[LISTED RECORDS — start]

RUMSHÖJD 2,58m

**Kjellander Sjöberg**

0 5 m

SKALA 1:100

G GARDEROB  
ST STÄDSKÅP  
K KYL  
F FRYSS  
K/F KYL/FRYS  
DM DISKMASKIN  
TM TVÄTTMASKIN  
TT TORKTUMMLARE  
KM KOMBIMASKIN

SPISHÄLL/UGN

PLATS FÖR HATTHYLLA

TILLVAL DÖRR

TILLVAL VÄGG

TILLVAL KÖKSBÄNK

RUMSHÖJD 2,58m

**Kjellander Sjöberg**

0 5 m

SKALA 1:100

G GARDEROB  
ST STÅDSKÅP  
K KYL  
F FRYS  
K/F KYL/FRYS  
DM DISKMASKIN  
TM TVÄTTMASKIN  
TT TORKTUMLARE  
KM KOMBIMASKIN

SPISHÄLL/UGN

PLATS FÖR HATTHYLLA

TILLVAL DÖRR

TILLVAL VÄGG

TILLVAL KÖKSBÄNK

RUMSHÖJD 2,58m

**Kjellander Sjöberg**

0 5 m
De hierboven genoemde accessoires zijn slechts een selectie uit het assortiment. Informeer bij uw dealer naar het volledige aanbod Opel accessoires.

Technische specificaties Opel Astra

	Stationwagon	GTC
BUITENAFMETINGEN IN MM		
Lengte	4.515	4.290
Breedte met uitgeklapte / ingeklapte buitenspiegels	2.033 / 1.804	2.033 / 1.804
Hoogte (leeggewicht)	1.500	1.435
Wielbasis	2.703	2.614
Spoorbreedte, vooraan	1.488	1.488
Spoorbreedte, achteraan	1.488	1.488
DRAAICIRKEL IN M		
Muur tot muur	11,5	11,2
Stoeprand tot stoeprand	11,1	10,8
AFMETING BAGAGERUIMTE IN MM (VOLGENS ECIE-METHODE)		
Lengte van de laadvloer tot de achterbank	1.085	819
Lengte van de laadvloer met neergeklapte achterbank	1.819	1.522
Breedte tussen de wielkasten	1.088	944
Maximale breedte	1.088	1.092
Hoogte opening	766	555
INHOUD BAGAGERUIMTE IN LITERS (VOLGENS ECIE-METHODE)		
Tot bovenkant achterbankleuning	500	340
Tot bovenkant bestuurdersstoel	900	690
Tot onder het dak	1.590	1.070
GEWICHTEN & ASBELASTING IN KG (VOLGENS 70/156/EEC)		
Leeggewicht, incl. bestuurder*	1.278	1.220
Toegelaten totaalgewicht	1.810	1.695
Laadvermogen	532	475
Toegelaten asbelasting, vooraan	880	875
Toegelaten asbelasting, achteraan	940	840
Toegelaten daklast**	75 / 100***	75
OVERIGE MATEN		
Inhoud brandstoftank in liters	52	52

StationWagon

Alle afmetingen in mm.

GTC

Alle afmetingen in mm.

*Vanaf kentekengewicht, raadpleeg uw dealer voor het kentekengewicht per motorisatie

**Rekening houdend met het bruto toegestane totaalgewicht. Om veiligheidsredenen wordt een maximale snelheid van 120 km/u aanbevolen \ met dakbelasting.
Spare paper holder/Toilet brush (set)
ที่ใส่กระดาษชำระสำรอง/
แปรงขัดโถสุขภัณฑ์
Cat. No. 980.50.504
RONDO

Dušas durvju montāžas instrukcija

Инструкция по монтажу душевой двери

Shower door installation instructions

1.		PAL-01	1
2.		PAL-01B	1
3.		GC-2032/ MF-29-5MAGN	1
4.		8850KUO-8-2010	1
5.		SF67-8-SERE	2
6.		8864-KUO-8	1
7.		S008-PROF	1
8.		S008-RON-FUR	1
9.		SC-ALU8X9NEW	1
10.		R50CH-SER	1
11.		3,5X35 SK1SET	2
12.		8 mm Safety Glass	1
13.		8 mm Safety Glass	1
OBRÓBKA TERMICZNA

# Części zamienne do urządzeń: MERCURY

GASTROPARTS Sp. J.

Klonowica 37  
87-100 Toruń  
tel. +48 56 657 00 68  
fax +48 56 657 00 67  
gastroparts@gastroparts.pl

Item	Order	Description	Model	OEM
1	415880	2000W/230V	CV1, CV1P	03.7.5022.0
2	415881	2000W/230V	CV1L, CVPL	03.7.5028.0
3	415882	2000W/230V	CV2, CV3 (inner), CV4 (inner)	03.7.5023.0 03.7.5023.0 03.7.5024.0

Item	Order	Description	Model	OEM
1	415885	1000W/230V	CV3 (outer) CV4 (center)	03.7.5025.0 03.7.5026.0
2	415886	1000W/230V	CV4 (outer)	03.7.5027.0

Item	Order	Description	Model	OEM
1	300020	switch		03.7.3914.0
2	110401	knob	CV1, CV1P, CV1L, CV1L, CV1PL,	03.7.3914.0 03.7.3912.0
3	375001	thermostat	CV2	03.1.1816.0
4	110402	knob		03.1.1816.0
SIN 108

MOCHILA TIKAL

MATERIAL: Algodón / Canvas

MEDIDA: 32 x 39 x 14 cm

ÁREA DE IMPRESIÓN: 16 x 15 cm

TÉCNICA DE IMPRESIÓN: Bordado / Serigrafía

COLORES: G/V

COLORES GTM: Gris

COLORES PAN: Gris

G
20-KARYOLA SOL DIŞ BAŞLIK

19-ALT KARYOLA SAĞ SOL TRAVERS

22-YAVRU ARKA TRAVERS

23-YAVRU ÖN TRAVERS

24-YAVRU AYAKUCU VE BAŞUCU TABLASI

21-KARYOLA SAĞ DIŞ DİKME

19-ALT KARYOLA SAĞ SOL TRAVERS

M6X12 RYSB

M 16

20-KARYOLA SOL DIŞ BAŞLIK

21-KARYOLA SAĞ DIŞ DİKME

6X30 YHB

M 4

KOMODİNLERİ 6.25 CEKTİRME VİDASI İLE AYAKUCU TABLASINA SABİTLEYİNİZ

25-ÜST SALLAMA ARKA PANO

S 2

[LISTED RECORDS — finish]

● TASK ITEM: Every entry above should be transcribed exactly and in full.

● RESULT OF THIS EXERCISE:
RUMSHÖJD 2,58m

**Kjellander Sjöberg**

0 5 m

SKALA 1:100

G GARDEROB  
ST STÄDSKÅP  
K KYL  
F FRYSS  
K/F KYL/FRYS  
DM DISKMASKIN  
TM TVÄTTMASKIN  
TT TORKTUMMLARE  
KM KOMBIMASKIN

SPISHÄLL/UGN

PLATS FÖR HATTHYLLA

TILLVAL DÖRR

TILLVAL VÄGG

TILLVAL KÖKSBÄNK

RUMSHÖJD 2,58m

**Kjellander Sjöberg**

0 5 m

SKALA 1:100

G GARDEROB  
ST STÅDSKÅP  
K KYL  
F FRYS  
K/F KYL/FRYS  
DM DISKMASKIN  
TM TVÄTTMASKIN  
TT TORKTUMLARE  
KM KOMBIMASKIN

SPISHÄLL/UGN

PLATS FÖR HATTHYLLA

TILLVAL DÖRR

TILLVAL VÄGG

TILLVAL KÖKSBÄNK

RUMSHÖJD 2,58m

**Kjellander Sjöberg**

0 5 m
De hierboven genoemde accessoires zijn slechts een selectie uit het assortiment. Informeer bij uw dealer naar het volledige aanbod Opel accessoires.

Technische specificaties Opel Astra

	Stationwagon	GTC
BUITENAFMETINGEN IN MM		
Lengte	4.515	4.290
Breedte met uitgeklapte / ingeklapte buitenspiegels	2.033 / 1.804	2.033 / 1.804
Hoogte (leeggewicht)	1.500	1.435
Wielbasis	2.703	2.614
Spoorbreedte, vooraan	1.488	1.488
Spoorbreedte, achteraan	1.488	1.488
DRAAICIRKEL IN M		
Muur tot muur	11,5	11,2
Stoeprand tot stoeprand	11,1	10,8
AFMETING BAGAGERUIMTE IN MM (VOLGENS ECIE-METHODE)		
Lengte van de laadvloer tot de achterbank	1.085	819
Lengte van de laadvloer met neergeklapte achterbank	1.819	1.522
Breedte tussen de wielkasten	1.088	944
Maximale breedte	1.088	1.092
Hoogte opening	766	555
INHOUD BAGAGERUIMTE IN LITERS (VOLGENS ECIE-METHODE)		
Tot bovenkant achterbankleuning	500	340
Tot bovenkant bestuurdersstoel	900	690
Tot onder het dak	1.590	1.070
GEWICHTEN & ASBELASTING IN KG (VOLGENS 70/156/EEC)		
Leeggewicht, incl. bestuurder*	1.278	1.220
Toegelaten totaalgewicht	1.810	1.695
Laadvermogen	532	475
Toegelaten asbelasting, vooraan	880	875
Toegelaten asbelasting, achteraan	940	840
Toegelaten daklast**	75 / 100***	75
OVERIGE MATEN		
Inhoud brandstoftank in liters	52	52

StationWagon

Alle afmetingen in mm.

GTC

Alle afmetingen in mm.

*Vanaf kentekengewicht, raadpleeg uw dealer voor het kentekengewicht per motorisatie

**Rekening houdend met het bruto toegestane totaalgewicht. Om veiligheidsredenen wordt een maximale snelheid van 120 km/u aanbevolen \ met dakbelasting.
Spare paper holder/Toilet brush (set)
ที่ใส่กระดาษชำระสำรอง/
แปรงขัดโถสุขภัณฑ์
Cat. No. 980.50.504
RONDO

Dušas durvju montāžas instrukcija

Инструкция по монтажу душевой двери

Shower door installation instructions

1.		PAL-01	1
2.		PAL-01B	1
3.		GC-2032/ MF-29-5MAGN	1
4.		8850KUO-8-2010	1
5.		SF67-8-SERE	2
6.		8864-KUO-8	1
7.		S008-PROF	1
8.		S008-RON-FUR	1
9.		SC-ALU8X9NEW	1
10.		R50CH-SER	1
11.		3,5X35 SK1SET	2
12.		8 mm Safety Glass	1
13.		8 mm Safety Glass	1
OBRÓBKA TERMICZNA

# Części zamienne do urządzeń: MERCURY

GASTROPARTS Sp. J.

Klonowica 37  
87-100 Toruń  
tel. +48 56 657 00 68  
fax +48 56 657 00 67  
gastroparts@gastroparts.pl

Item	Order	Description	Model	OEM
1	415880	2000W/230V	CV1, CV1P	03.7.5022.0
2	415881	2000W/230V	CV1L, CVPL	03.7.5028.0
3	415882	2000W/230V	CV2, CV3 (inner), CV4 (inner)	03.7.5023.0 03.7.5023.0 03.7.5024.0

Item	Order	Description	Model	OEM
1	415885	1000W/230V	CV3 (outer) CV4 (center)	03.7.5025.0 03.7.5026.0
2	415886	1000W/230V	CV4 (outer)	03.7.5027.0

Item	Order	Description	Model	OEM
1	300020	switch		03.7.3914.0
2	110401	knob	CV1, CV1P, CV1L, CV1L, CV1PL,	03.7.3914.0 03.7.3912.0
3	375001	thermostat	CV2	03.1.1816.0
4	110402	knob		03.1.1816.0
SIN 108

MOCHILA TIKAL

MATERIAL: Algodón / Canvas

MEDIDA: 32 x 39 x 14 cm

ÁREA DE IMPRESIÓN: 16 x 15 cm

TÉCNICA DE IMPRESIÓN: Bordado / Serigrafía

COLORES: G/V

COLORES GTM: Gris

COLORES PAN: Gris

G
20-KARYOLA SOL DIŞ BAŞLIK

19-ALT KARYOLA SAĞ SOL TRAVERS

22-YAVRU ARKA TRAVERS

23-YAVRU ÖN TRAVERS

24-YAVRU AYAKUCU VE BAŞUCU TABLASI

21-KARYOLA SAĞ DIŞ DİKME

19-ALT KARYOLA SAĞ SOL TRAVERS

M6X12 RYSB

M 16

20-KARYOLA SOL DIŞ BAŞLIK

21-KARYOLA SAĞ DIŞ DİKME

6X30 YHB

M 4

KOMODİNLERİ 6.25 CEKTİRME VİDASI İLE AYAKUCU TABLASINA SABİTLEYİNİZ

25-ÜST SALLAMA ARKA PANO

S 2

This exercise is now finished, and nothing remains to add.